──────── The input

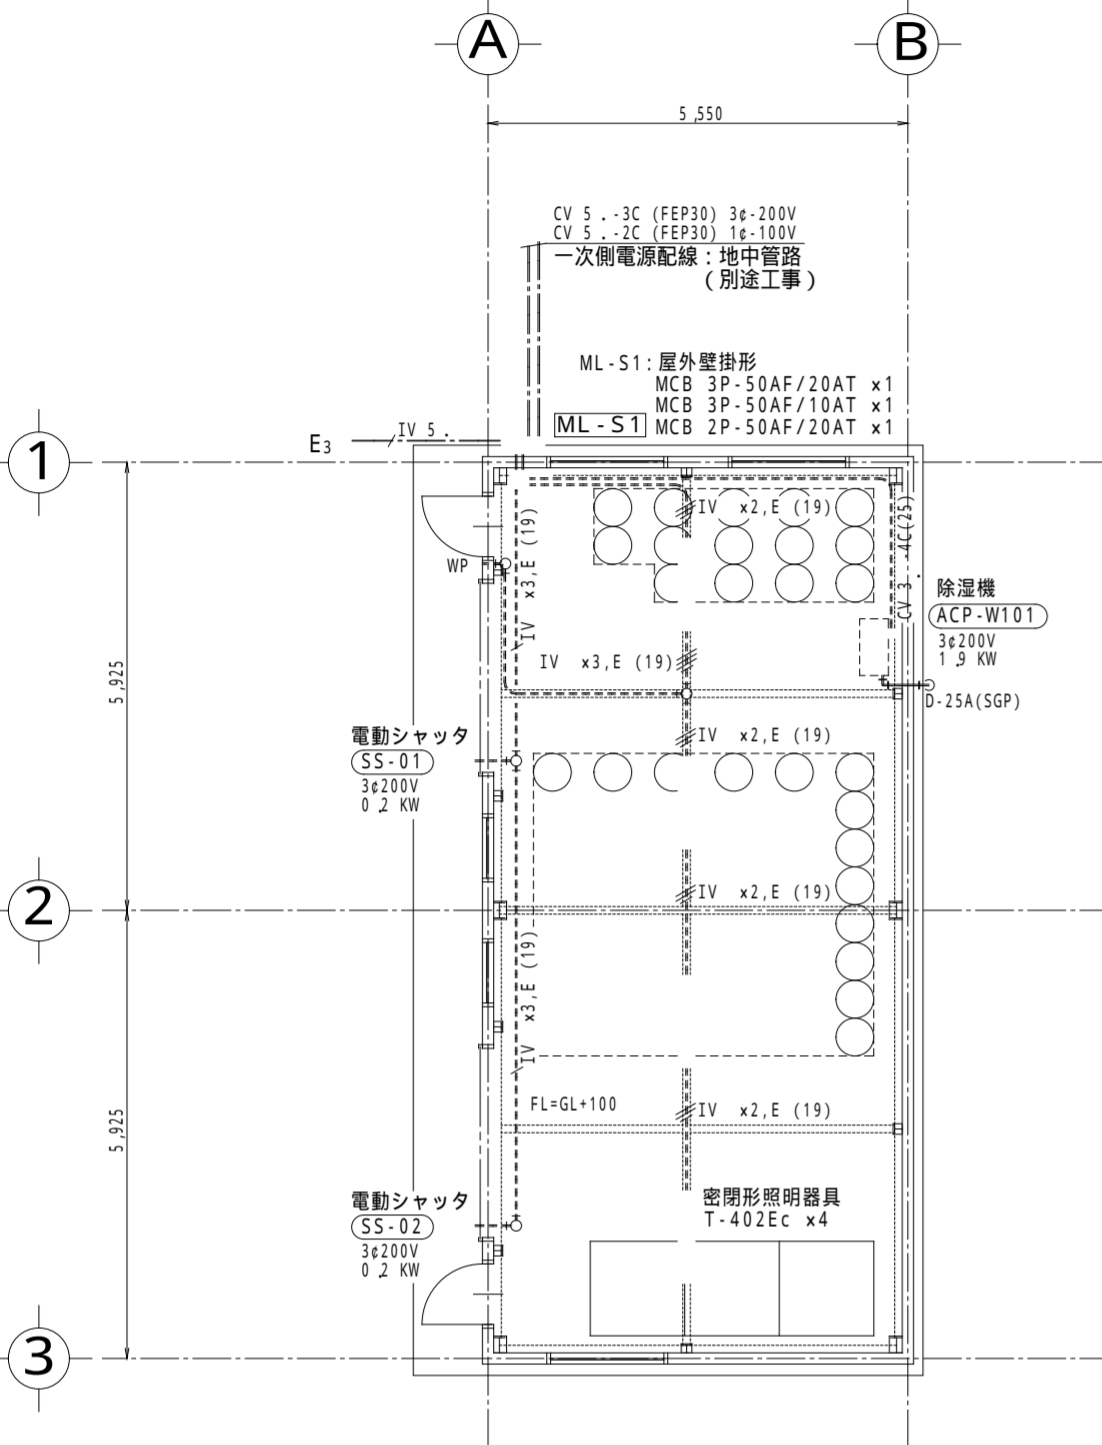

1 危険物屋内貯蔵庫 配線図 (動力・照明設備) 1/100

T	シーリング・ライト (密閉形器具)
T-402Ec	FL 40W-2 WP41862-1RUH 相当品 (P-831)

2 危険物屋内貯蔵庫 配線図 (避雷針設備) 1/100

3 避雷針機器詳細図

────────────────

→ Task objective: Please transcribe every entry above exactly, leaving out any pictures.

→ Answer:
1 危険物屋内貯蔵庫 配線図 (動力・照明設備) 1/100

T	シーリング・ライト (密閉形器具)
T-402Ec	FL 40W-2 WP41862-1RUH 相当品 (P-831)

2 危険物屋内貯蔵庫 配線図 (避雷針設備) 1/100

3 避雷針機器詳細図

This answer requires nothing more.